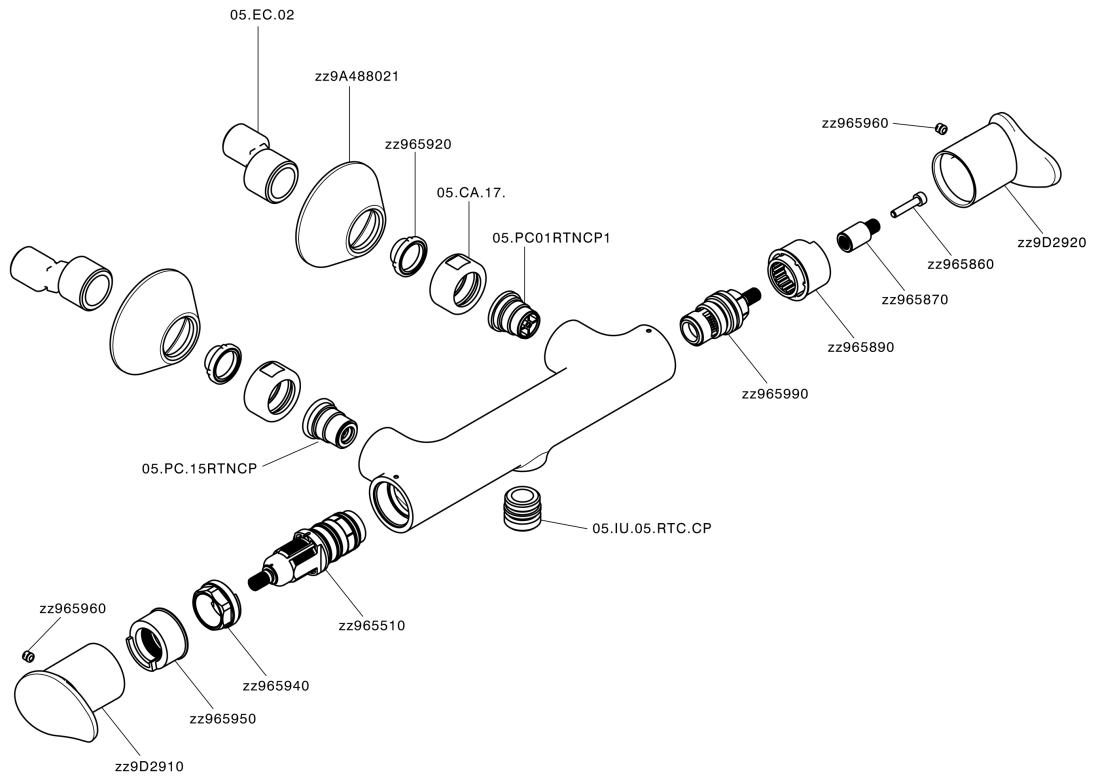

Ducha termostática HARLOCK_HCT01010

MODELO **HCT01010**

Ducha termostática, sin conjunto ducha, conexión para flexible 1/2" M

ACABADOS DISPONIBLES

-  **21** 21 Cromo
-  **2P** 2P Oro rosa
-  **2Q** 2Q Black Titanium
-  **40** 40 Negro Mate
-  **4Q** 4Q Blanco Mate
-  **6T** 6T Cromo/Negro Mate

CARACTERÍSTICAS

Recambio Cartucho **ZZ96551000**

Cartucho Termostático TMX 25

SafeTouch

El sistema Huber SafeTouch mantiene el cuerpo de la grifería frío al cuerpo durante el uso.

Termostático

El Termostático Huber es tu gestor personal del agua, ayudándote a manejar, controlar y ahorrar agua y energía.

Ducha termostática HARLOCK_HCT01010

HCT01010

<https://es.huberitalia.com/ducha-termostatica-harlock-hct01010>

2024-11-24
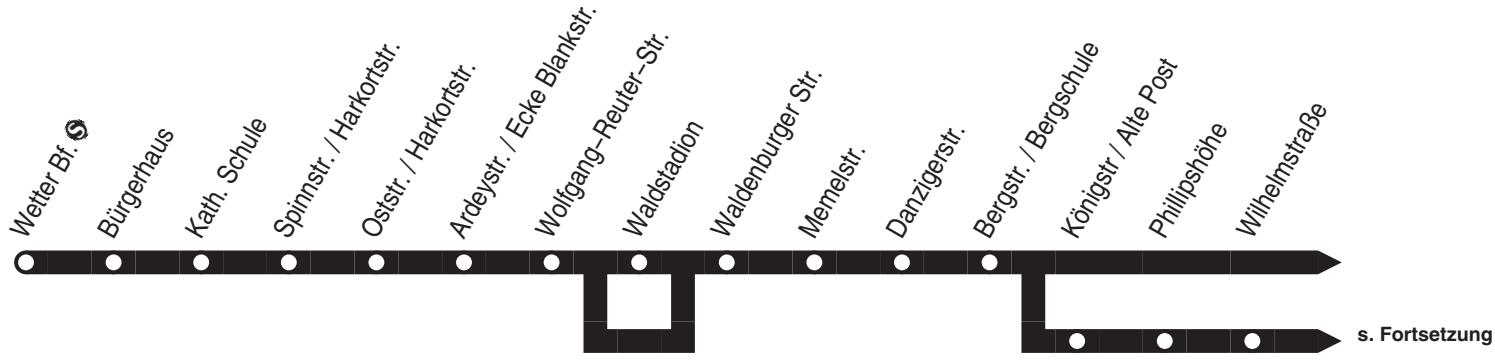

Linie 1

Haltestellen:

Work to be completed:
Please print each record above again exactly, but omit any pictures.

Written reply:
Ducha termostática HARLOCK_HCT01010

MODELO **HCT01010**

Ducha termostática, sin conjunto ducha, conexión para flexible 1/2" M

ACABADOS DISPONIBLES

-  **21** 21 Cromo
-  **2P** 2P Oro rosa
-  **2Q** 2Q Black Titanium
-  **40** 40 Negro Mate
-  **4Q** 4Q Blanco Mate
-  **6T** 6T Cromo/Negro Mate

CARACTERÍSTICAS

Recambio Cartucho **ZZ96551000**

Cartucho Termostático TMX 25

SafeTouch

El sistema Huber SafeTouch mantiene el cuerpo de la grifería frío al cuerpo durante el uso.

Termostático

El Termostático Huber es tu gestor personal del agua, ayudándote a manejar, controlar y ahorrar agua y energía.

Ducha termostática HARLOCK_HCT01010

HCT01010

<https://es.huberitalia.com/ducha-termostatica-harlock-hct01010>

2024-11-24

Linie 1

Haltestellen:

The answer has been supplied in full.